As an example, here is a goal that cannot be solved by auto or force without auxiliary theorems:
lemma
assumes "single_valued A"
assumes "(a,b) ∈ A" and "(a,b') ∈ A"
shows "b = b'"
using assms
by (metis single_valued_def)
Here the equality is directly in the goal, but it would be great to also rewrite in the assumptions.
Also, I talk here about sets of pairs but I have a more complex application with another kind of relation with a similar property, where such kind of assumptions are common, and I am then looking for a way to simplify them.
It seems to me that automatic methods could greatly benefit from such a feature.

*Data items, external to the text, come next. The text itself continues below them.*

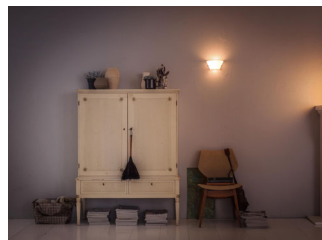

Perfektní relaxace a atmosféra

Obývací pokoj je srdcem každého domova – místem, kde se scházejí a relaxují rodiny a kde tráví čas se svými hosty. Osvětlení obývacího pokoje nebo ložnice musí být flexibilní a musí se snadno přizpůsobit různým typům použití v průběhu dne. Pečlivé umístění různých zdrojů světla a hra s vrstvením světla také přispívá k vytvoření dojmu prostoru a propůjčuje pokoji světlý vzhled a pocit otevřenosti.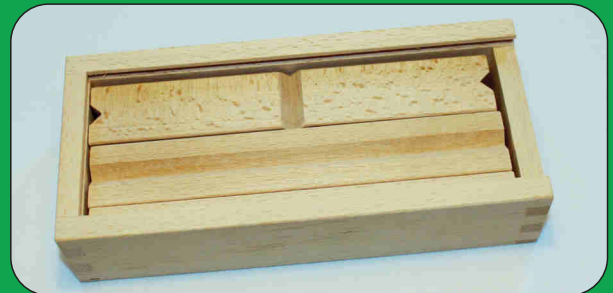

3 +

neu 2019

Tsumiki Baukästen

patentiertes Holzspielzeug,
designed by:
Toshiaki Yamada
(Osaka, Japan)

3 +

Art.- Nr. 31712 8 Baukasten Tsumiki 34 Teile
building box Tsumiki

Maße / dimension 25,5 x 19,5 x 4,3 cm, Holzkasten mit Schiebedeckel
Gewicht / weigth 1,18 kg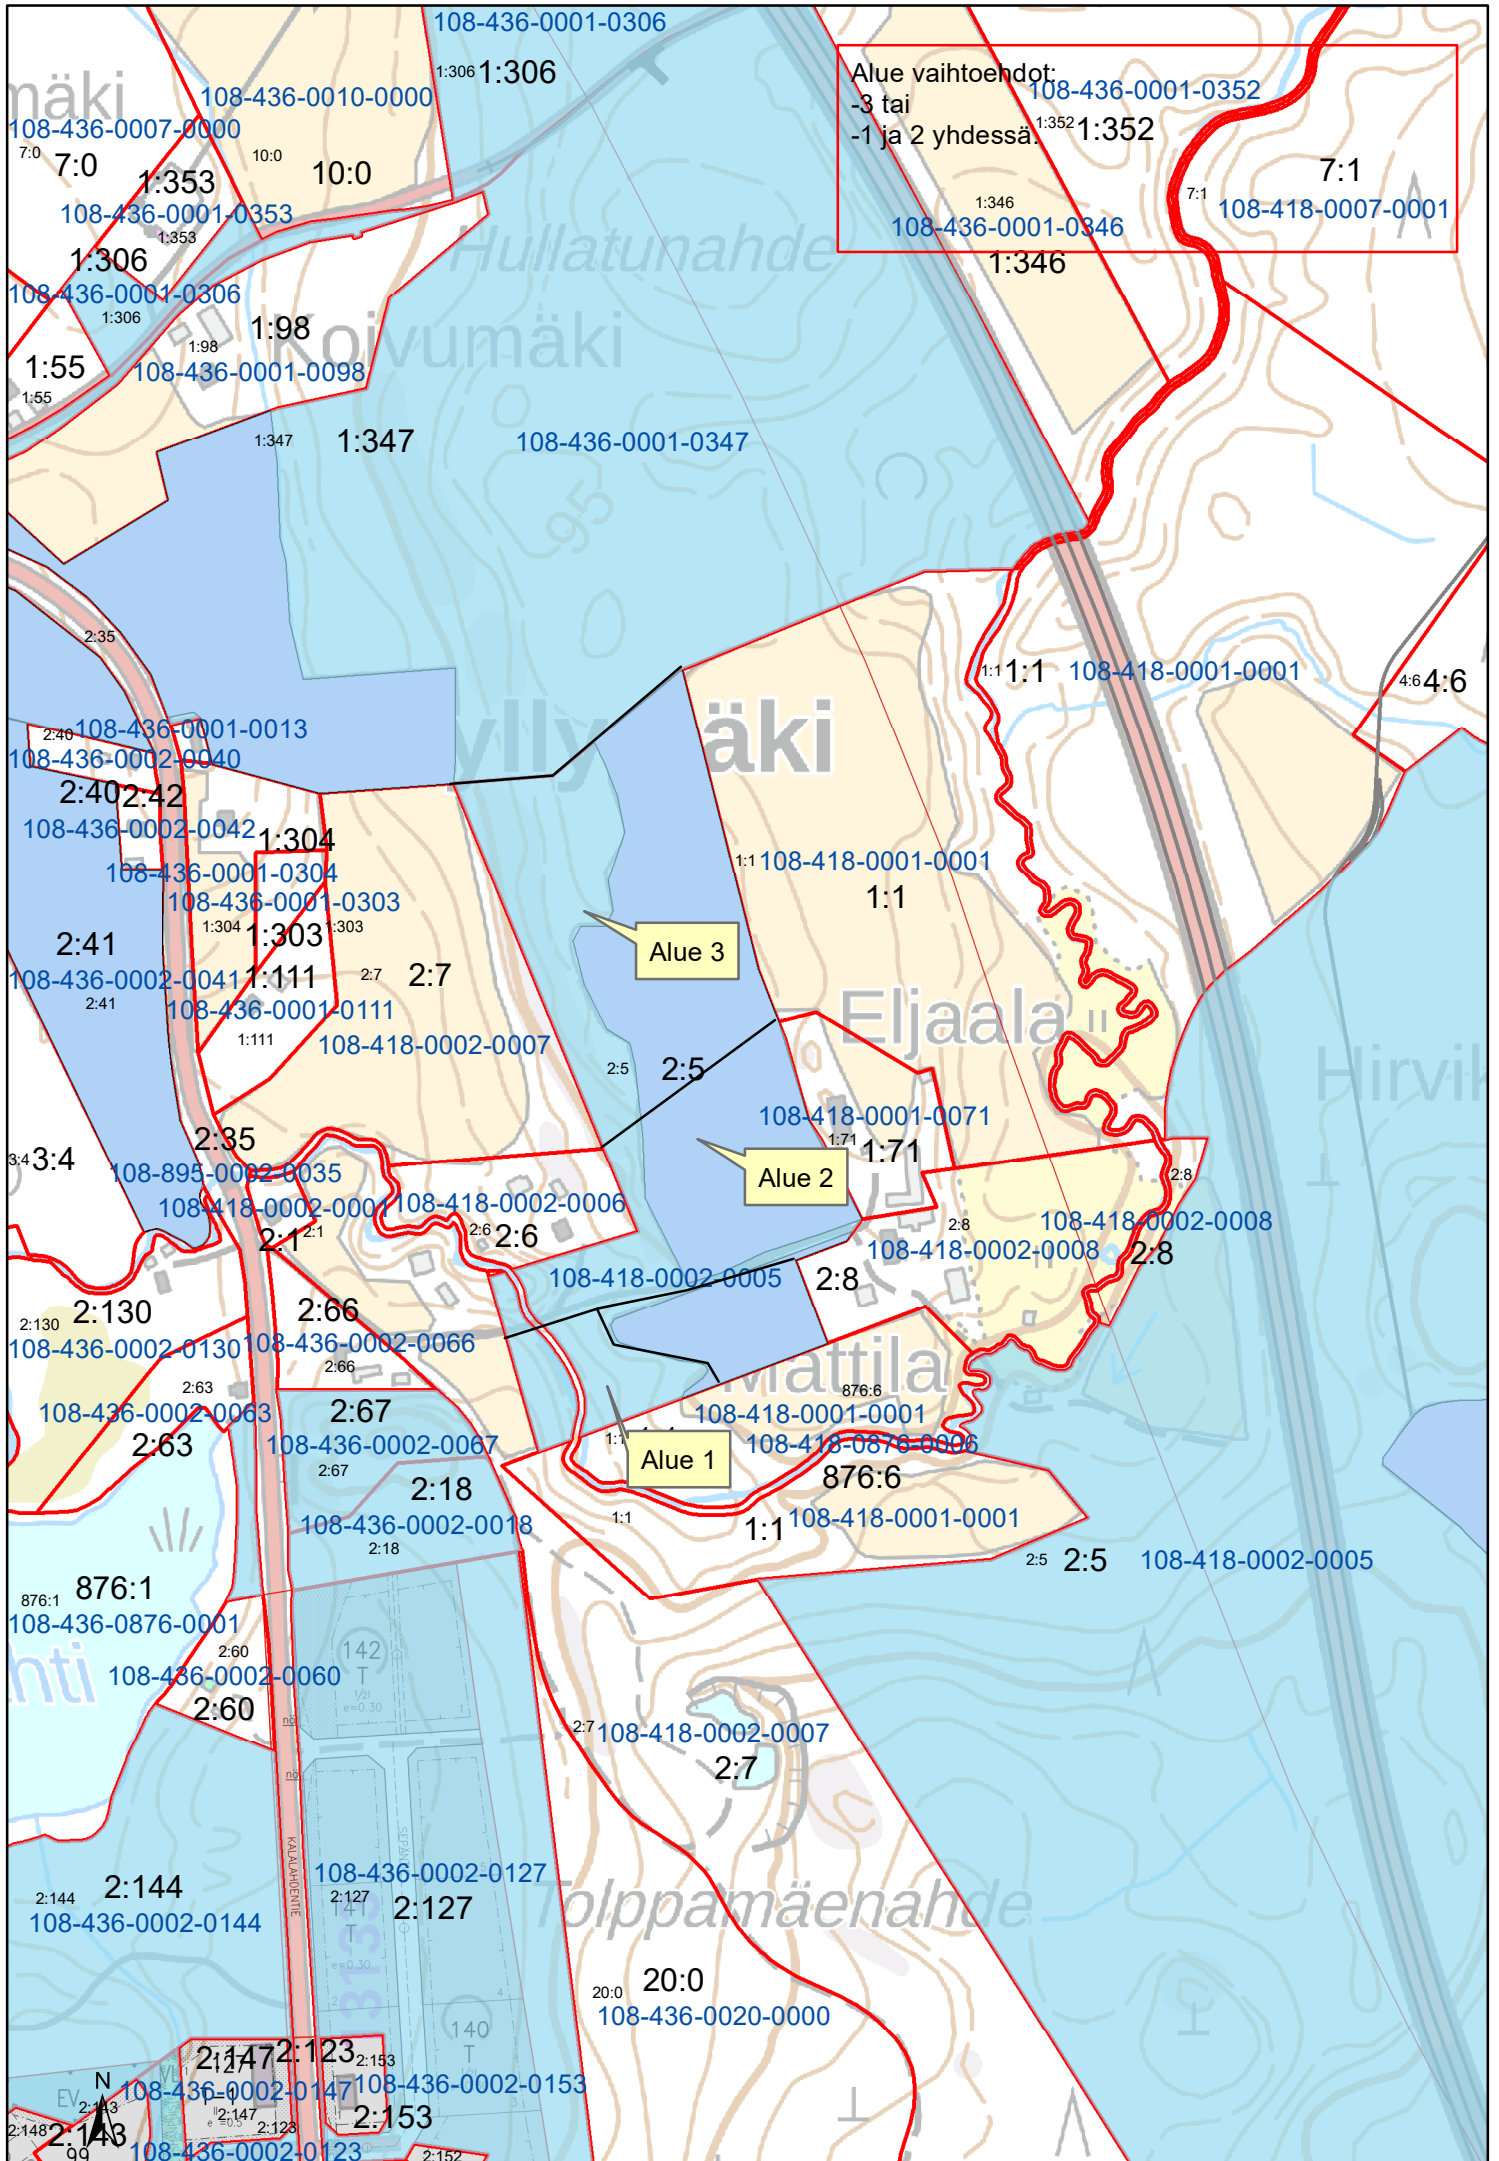

Alue vaihtoedot:
-3 tai
-1 ja 2 yhdessä.
1:352 1:352

Alue 3

Alue 2

Alue 1

Alue vaihtoedot:
-3 tai
-1 ja 2 yhdessä.
1:352 1:352

Alue 3

Alue 2

Alue 1

Alue vaihtoedot:
-3 tai
-1 ja 2 yhdessä.
1:352 1:352

Alue 3

Alue 2

Alue 1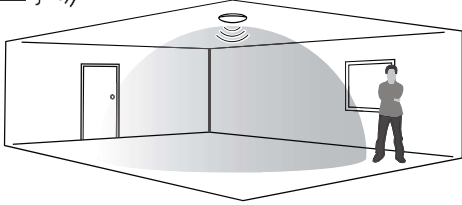

**2a** Hold time

**2b** Hold time

Hold Time	3	4	Hold Time	ON ↑ OFF ↓
	<input checked="" type="radio"/>	<input checked="" type="radio"/>	5s (default)	
<input checked="" type="radio"/>	<input type="radio"/>	90s		
<input type="radio"/>	<input checked="" type="radio"/>	300s		
<input type="radio"/>	<input type="radio"/>	600s		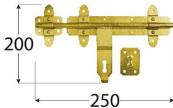

## WCZ 250 Zasuwa ciężka 250x200 mm

5907708164445

Producent:

**domax**

Domax Sp. z o.o., Łężyce, al. Parku Krajobrazowego 109; 84-207 Koleczkowo

[dmxsystem.com](http://dmxsystem.com)

nr art: 8652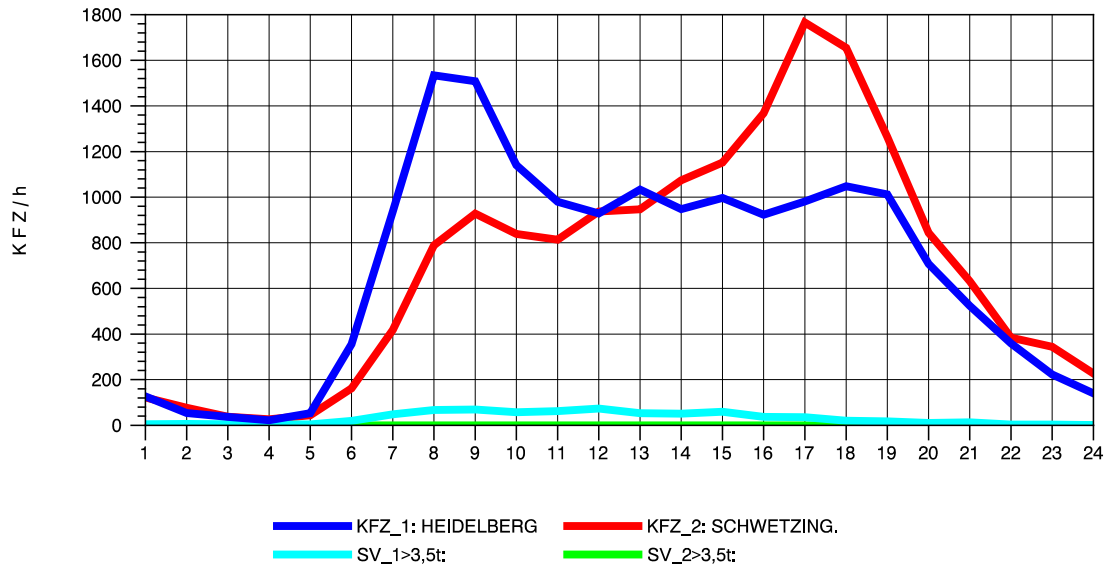

STRASSENVERKEHRSZÄHLUNGEN IN BADEN-WÜRTTEMBERG
HEIDELBERG 2 66171214 L 600A
Montag, 02. August 2010

I have already written some simprocs before and it seems to me we could use them here if we could access the set of assumptions once the simproc has been triggered on, which I don't know if this is possible. For example, once "(a,b) ∈ A" has triggered the simproc, could we check if any assumption contains "(a,_) ∈ A" ? But it would perhaps be too costly...
Any idea ?
Here is a simproc that does what you want:
lemma single_valuedD_eq:
"⟦ single_valued A; (x, a) ∈ A ⟧ ⟹ (x, b) ∈ A ⟷ b = a"
by(auto dest: single_valuedD)
simproc_setup single_valued ("(x, y) ∈ A") = {*
(fn phi => fn ctxt => fn redex => case term_of redex of
Const (#{const_name "Set.member"},
Type (#{type_name fun},
[Txy as Type (#{type_name prod}, [Tx, Ty]),
Type (#{type_name fun}, [TA, _])])) $
(Const (#{const_name "Pair"}, _) $ tx $ ty) $
tA =>
let
val thy = Proof_Context.theory_of ctxt;
val prems = Simplifier.prems_of ctxt;
fun mk_stmt t = t |> HOLogic.mk_Trueprop |> Thm.cterm_of thy |> Goal.init
fun mk_thm tac t =
case SINGLE (tac 1) (mk_stmt t) of
SOME thm => SOME (Goal.finish (Syntax.init_pretty_global (Thm.theory_of_thm thm)) thm)
| NONE => NONE;
val svA = Const (#{const_name single_valued}, TA --> #{typ bool}) $ tA
val [z] = Name.invent (Variable.names_of ctxt) "z" 1
val xzA =
Const (#{const_name Set.member}, Txy --> TA --> #{typ bool})
$ (Const (#{const_name Pair}, Tx --> Ty --> Txy)
$ tx $ Var ((z, 0), Ty))
$ tA
in
case mk_thm (resolve_tac prems) svA of NONE => NONE
| SOME thm_svA => case mk_thm (resolve_tac prems) xzA of NONE => NONE
| SOME thm_xzA =>
SOME (#{thm single_valuedD_eq[THEN eq_reflection]} OF [thm_svA, thm_xzA])
end
| _ => NONE)
*}
When it triggers on a term of the pattern (_, _) ∈ _, say (x, y) ∈ A, it checks whether there are assumptions single_valued A and (x, ?z) ∈ A in the current goal. If so, it instantiates the theorem single_valuedD_eq with them and rewrites (x, y) ∈ A to y = ?z with ?z being appropriate instantiated.
Here is an example:
lemma
"⟦ single_valued A; (x, b) ∈ A; (x, c) ∈ A ⟧
⟹ map (λy. (x, y) ∈ A) xs = foo"
apply simp
NEW GOAL:
1. ⟦single_valued A; b = c; (x, c) ∈ A⟧ ⟹ map (λy. y = c) xs = foo
Note that single_valued A has to be an assumption of the goal. It does not suffice to have single_valued A as a [simp] rule somewhere. This is because the assumptions are looked up with resolve_tac prems rather than a full simplifier invocation.